Performance Number GFlops achieved for n = (1048576, 1, 1), batchsize = 4 (in GFlops/s, higher is better): 26.5989 
Test failed (n=(1048576, 1, 1), batchsize=4): out-of-place 
Test: rel. L2-error = 888.844705 eps (max=889.142585 eps, min=888.568028 eps) 

Performance Number GFlops achieved for n = (1024, 512, 1), batchsize = 8 (in GFlops/s, higher is better): 31.8915 
Test failed (n=(1024, 512, 1), batchsize=8): out-of-place 
Test: rel. L2-error = 691.362257 eps (max=692.112863 eps, min=690.540764 eps) 

Performance Number GFlops achieved for n = (128, 128, 128), batchsize = 1 (in GFlops/s, higher is better): 32.1126 
Test failed (n=(128, 128, 128), batchsize=1): out-of-place 
Test: rel. L2-error = 592.976522 eps (max=592.976522 eps, min=592.976522 eps) 

Performance Number GFlops achieved for n = (16384, 1, 1), batchsize = 4 (in GFlops/s, higher is better): 3.95649 
Test failed (n=(16384, 1, 1), batchsize=4): in-place 
Test: rel. L2-error = 567.284147 eps (max=569.101265 eps, min=565.834936 eps) 

Performance Number GFlops achieved for n = (32, 2048, 1), batchsize = 8 (in GFlops/s, higher is better): 8.28694 
Test failed (n=(32, 2048, 1), batchsize=8): in-place 
Test: rel. L2-error = 549.607006 eps (max=551.284672 eps, min=548.424223 eps) 

Performance Number GFlops achieved for n = (4096, 64, 1), batchsize = 4 (in GFlops/s, higher is better): 7.81609 
Test failed (n=(4096, 64, 1), batchsize=4): in-place 
Test: rel. L2-error = 682.976938 eps (max=683.220153 eps, min=682.730587 eps) 

Performance Number GFlops achieved for n = (64, 32, 16), batchsize = 1 (in GFlops/s, higher is better): 2.45741 
Test failed (n=(64, 32, 16), batchsize=1): out-of-place 
Test: rel. L2-error = 380.520545 eps (max=380.520545 eps, min=380.520545 eps) Program ended with exit code: 0


I tried to play with buffer limits, to no avail.

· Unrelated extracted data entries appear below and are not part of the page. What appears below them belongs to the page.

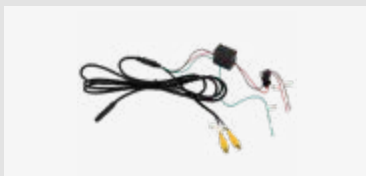

**Ersatz Anschlusskabel acv 4.3\
Spiegelmonitore**

Verwendbar für

Verpackt 771000-6544
Lose 771000-6544-0

Für weitere Informationen,
bitte den Link / QR-Code
zum Shop nutzen.

This might help figuring out what is wrong:


Number of OpenCL platforms: 1 

------------------------- 
Platform: Apple Vendor: Apple Version: 
OpenCL 1.2 (Jun 30 2016 20:18:53) 
Number of devices: 3
        ------------------------- 
                   Name: Intel(R) Core(TM) i7-3820QM CPU @ 2.70GHz
                   Version: OpenCL C 1.2
                   Max. Compute Units: 8 
                   Local Memory Size: 32 KB 
                   Global Memory Size: 16384 MB  
                   Max Alloc Size: 4096 MB 
                   Max Work-group Total Size: 1024 
                   Max Work-group Dims: ( 1024 1 1 )
        -------------------------
        ------------------------- 
                   Name: HD Graphics 4000
                   Version: OpenCL C 1.2 
                   Max. Compute Units: 16 
                   Local Memory Size: 64 KB 
                   Global Memory Size: 1536 MB 
                   Max Alloc Size: 384 MB 
                   Max Work-group Total Size: 512 
                   Max Work-group Dims: ( 512 512 512 ) 
        -------------------------
        ------------------------- 
                  Name: GeForce GT 650M 
                  Version: OpenCL C 1.2 
                  Max. Compute Units: 2 
                  Local Memory Size: 48 KB 
                  Global Memory Size: 1024 MB 
                  Max Alloc Size: 256 MB 
                  Max Work-group Total Size: 1024 
                  Max Work-group Dims: ( 1024 1024 64 )  
        -------------------------
        ------------------------- 

------------------------- 


It would be nice if Apple stepped up to this and fixed their own demo code.

For some reason Apple does not let the previous posting with details. The short summary is: the problem is likely to be with the parameters that OpenCL_FFT uses for the GPU configuration.